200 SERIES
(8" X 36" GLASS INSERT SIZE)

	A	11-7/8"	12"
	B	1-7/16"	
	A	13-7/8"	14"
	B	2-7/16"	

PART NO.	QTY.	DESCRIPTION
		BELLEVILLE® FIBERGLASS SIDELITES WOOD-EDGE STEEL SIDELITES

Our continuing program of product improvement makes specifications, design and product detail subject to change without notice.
§
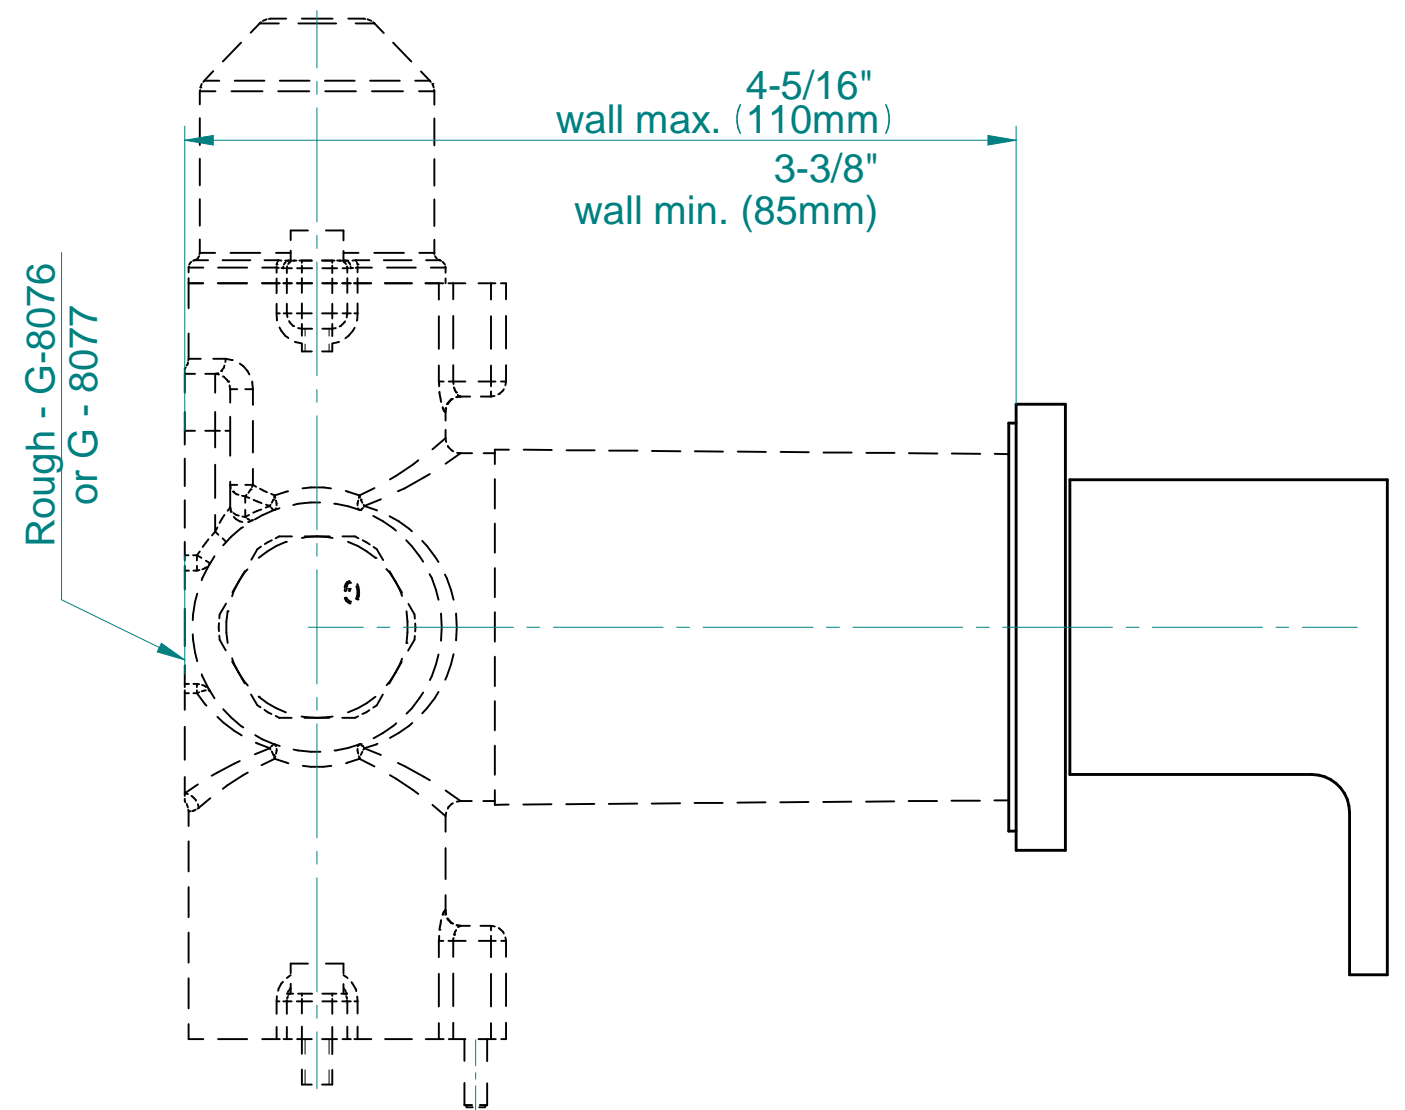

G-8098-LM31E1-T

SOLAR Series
§
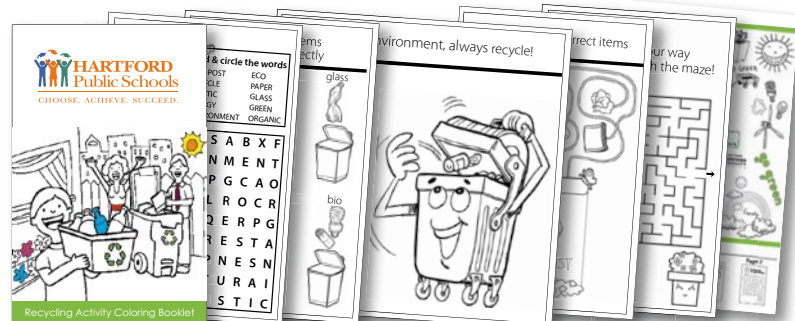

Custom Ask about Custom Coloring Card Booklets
§
> To do
Please, from the entries above, set down exactly the lines from the one containing "BELLEVILLE® FIBERGLASS SIDELITES" through the one containing "Our continuing program", and only those.

> Response to the task
		BELLEVILLE® FIBERGLASS SIDELITES WOOD-EDGE STEEL SIDELITES

Our continuing program of product improvement makes specifications, design and product detail subject to change without notice.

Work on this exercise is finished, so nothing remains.